A SMALL REQUEST…
During the next Presidential campaign, could we please, please, skip the part, in the fall before the primaries, where we are subjected to a rash of stories about whether one candidate or another is inevitable?
I would have thought that the media might have figured out the stupidity of this back in 2004, when we subjected to an apparently interminable series of articles with titles like “Can Dean Be Stopped?” At the time, I thought: well, duh, of course he can; not a single vote has been cast. And lo: he was, though not by the candidate I would have preferred.
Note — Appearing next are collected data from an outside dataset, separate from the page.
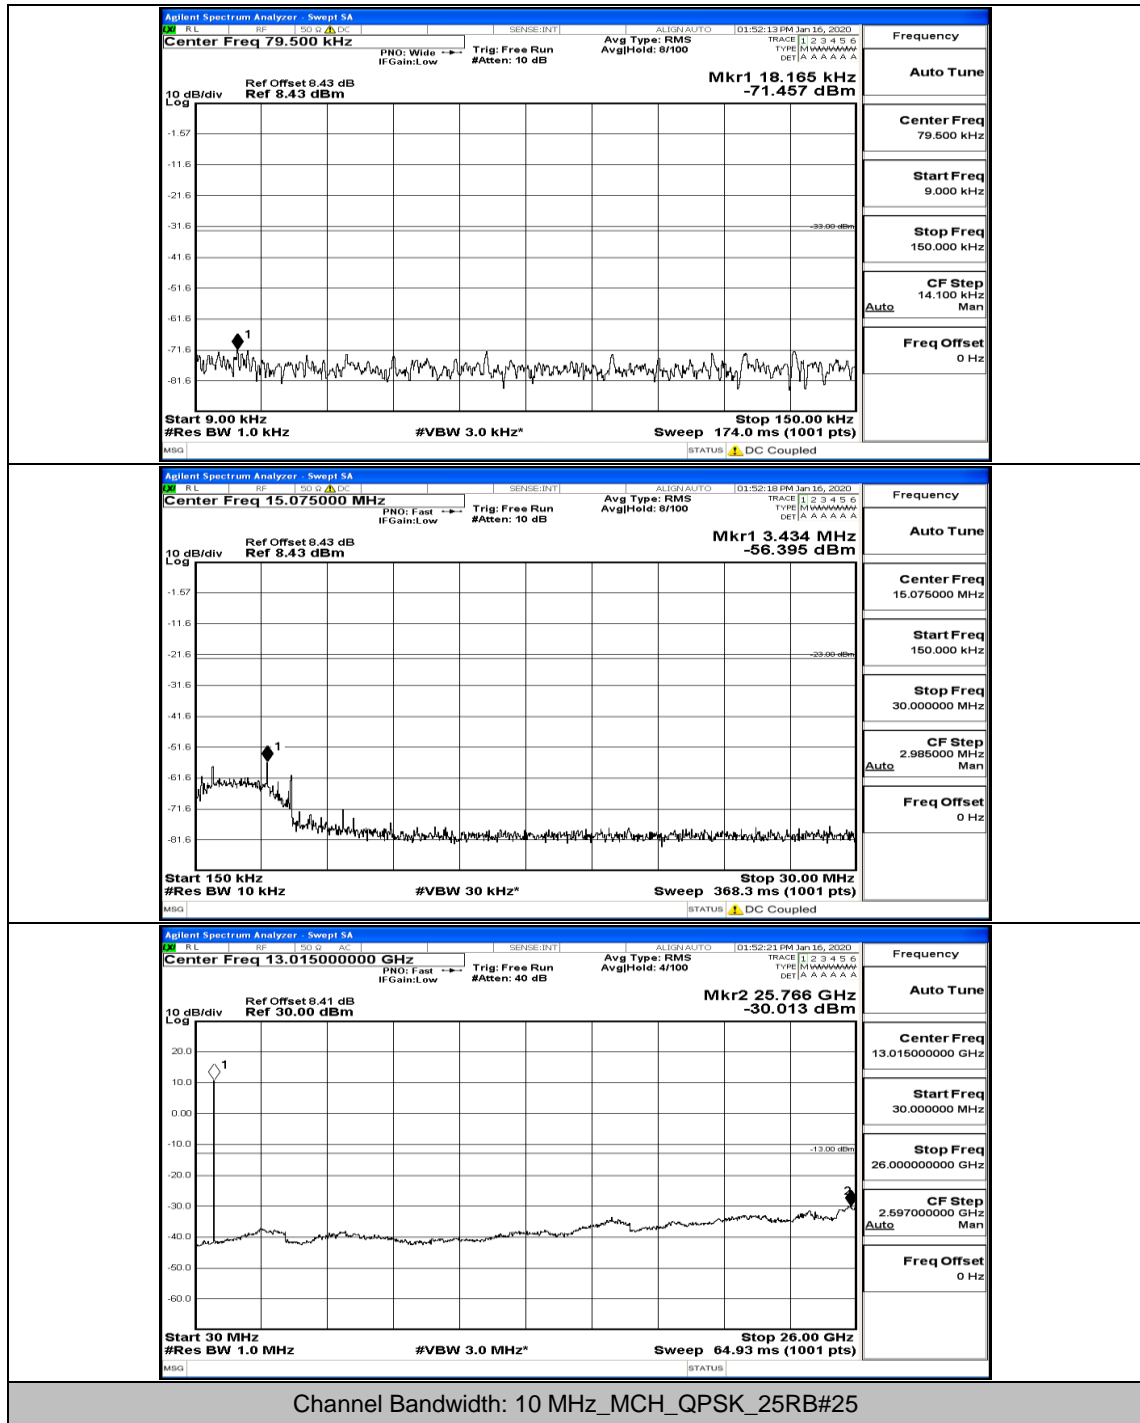

(Channel Bandwidth: 5 MHz)_HCH_16QAM_1RB#24

(Channel Bandwidth: 5 MHz)_LCH_QPSK

(Channel Bandwidth: 5 MHz)_LCH_16QAM

(Channel Bandwidth: 5 MHz)_MCH_QPSK

(Channel Bandwidth: 5 MHz)_MCH_16QAM

(Channel Bandwidth: 5 MHz)_HCH_QPSK

(Channel Bandwidth: 5 MHz)_HCH_16QAM

Channel Bandwidth: 10 MHz

Channel Bandwidth: 10 MHz_MCH_16QAM_1RB#0

Channel Bandwidth: 10 MHz_MCH_16QAM_1RB#24

Channel Bandwidth: 10 MHz_MCH_16QAM_1RB#49

Channel Bandwidth: 10 MHz_MCH_16QAM_50RB#0

(Channel Bandwidth: 10 MHz)_MCH_QPSK

(Channel Bandwidth: 10 MHz)_MCH_16QAM

This time round, it happened again. I was astonished, though, to find stories proclaiming her inevitability from 2006 — two years before a single vote had been cast:
“Former Virginia Gov. Mark Warner’s decision not to run for president is a telling statement about the Democratic Party, the strength of its liberal wing, and the inevitability of Hillary Clinton’s presidential nomination in 2008.”
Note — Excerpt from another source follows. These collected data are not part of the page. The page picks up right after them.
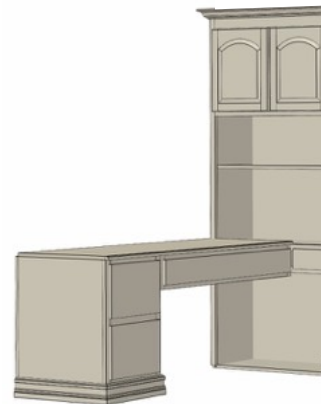

TWIN	FULL	QUEEN
3570-18"	3572-18"	3574-18"
3571-24"	3573-24"	3575-24"

(add lower door(s) - \$200)

PTF

82"H	92"H
3580F-18"	3585F-18"
3581F-24"	3586F-24"
3582F-30"	3587F-30"
3583F-36"	3588F-36"

GCF

82"H	92"H
3565F-18"	3575F-18"
3566F-24"	3576F-24"
3567F-30"	3577F-30"
3568F-36"	3578F-36"

DESK - SINGLE PEDESTAL

1231-42"
1232-48"
1233-54"
1234-60"
1235-66"
1236-72"

HUTCHES (with 2 UPPER DOORS)

1240-36"
1241-42"
1242-48"
1243-54"

RETURNS

1210-36"
1211-42"
1212-48"
1213-54"

ROLLING DESK

1258-TWIN (48W X 31H X 23D)	1259-FULL (64W x 31H x 23D)	1260-QUEEN (70.25W X 31H X 23D)
--------------------------------	--------------------------------	------------------------------------

And here’s one from 2005 saying that yes, in fact, she can be stopped:
“The inevitability campaign now underway demonstrates everything bad about modern American politics.
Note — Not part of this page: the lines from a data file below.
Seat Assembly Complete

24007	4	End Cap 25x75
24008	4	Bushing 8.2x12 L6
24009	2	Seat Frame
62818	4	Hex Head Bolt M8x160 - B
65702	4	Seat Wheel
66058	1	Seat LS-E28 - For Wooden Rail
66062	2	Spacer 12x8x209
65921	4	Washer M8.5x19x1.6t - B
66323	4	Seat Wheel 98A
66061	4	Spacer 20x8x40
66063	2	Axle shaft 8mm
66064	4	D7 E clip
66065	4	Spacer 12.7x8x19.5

Two months into George W. Bush’s second term as president, a cadre of Hillary Clinton supporters is trying to lock up the Democratic presidential nomination for New York’s junior senator. One supporter is her husband, former president Bill Clinton, who declares that his wife would make an excellent president. Senator Joseph Biden of Delaware also predicts “she is likely to be the nominee.”
So, case closed? No other Democrats need apply? That is ridiculous.”
Please, just stop it. Let us make up our own minds. If you do, I’ll be so grateful I won’t even mention the pointlessness of stories about polling data from a year before an election.